Lines from the one containing "Art. LAR.138.02" to the end of the entries below must be reproduced exactly, with both end lines kept and no other line added.

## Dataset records
######
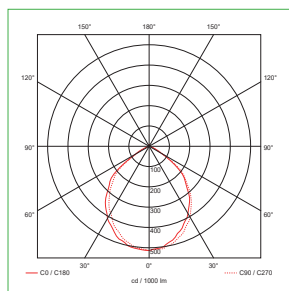

Luminaire Output

Colour Temperature (K)	5500
Emergency Luminous Flux (Lm)	263
LED Lamp Type	High Power 5W LED

Emergency Information

Emergency Operation	Non-Maintained
Status Indication	Green LED
Replacement Battery	D002E
Battery Specification	3.2V 6000mAh LiFePO4
Battery Duration (Hours)	3

Features Open Lens

Standards BS EN 60598-2-22

Emergency

Escape Route 1 lux min

Mounting Height	Mounting Orientation				
	Axial/Wall	Axial/Axial	Transverse/Axial	Transverse/Transverse	Transverse/Wall
2.0m	3.1	6.9	6.9	6.9	3.0
2.5m	3.6	8.0	8.0	8.0	3.5
3.0m	4.0	9.1	9.1	9.1	3.9
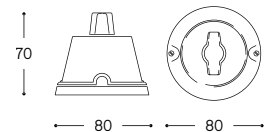

Ceramic surface mounted switch, sockets and junction box. Articles can be supplied in white ceramic or cotto ceramic. They can be combined with the "Pleiadi" accessories, to be ordered separately.

Art. LAR.191.00
Art. LAR.134.A

Art. LAR.190.00
Art. LAR.134.A

Art. LAR.132.00
Art. LAR.138.02

Interruttore / Deviatore
Single/two ways switch

ARTICOLO ITEM	V	A	PESO GR. WEIGHT GR.	VOL. IN M ³ VOL. IN M ³	PEZZI IMBALLO OUTER BOX	FASCIA PREZZO PRICE RANGE
LAR.190.00 Bianco / White	250	10	246	0,001	1	B19
LAR.190.C Cotto / Cotto						

Presa bipasso standard italiano Two ways socket italian standard

ARTICOLO ITEM	V	A	PESO GR. WEIGHT GR.	VOL. IN M ³ VOL. IN M ³	PEZZI IMBALLO OUTER BOX	FASCIA PREZZO PRICE RANGE
LAR.191.00 Bianco / White	250	16	236	0,001	1	B19
LAR.191.C Cotto / Cotto
######
## Written response
Art. LAR.138.02

Interruttore / Deviatore
Single/two ways switch

ARTICOLO ITEM	V	A	PESO GR. WEIGHT GR.	VOL. IN M ³ VOL. IN M ³	PEZZI IMBALLO OUTER BOX	FASCIA PREZZO PRICE RANGE
LAR.190.00 Bianco / White	250	10	246	0,001	1	B19
LAR.190.C Cotto / Cotto						

Presa bipasso standard italiano Two ways socket italian standard

ARTICOLO ITEM	V	A	PESO GR. WEIGHT GR.	VOL. IN M ³ VOL. IN M ³	PEZZI IMBALLO OUTER BOX	FASCIA PREZZO PRICE RANGE
LAR.191.00 Bianco / White	250	16	236	0,001	1	B19
LAR.191.C Cotto / Cotto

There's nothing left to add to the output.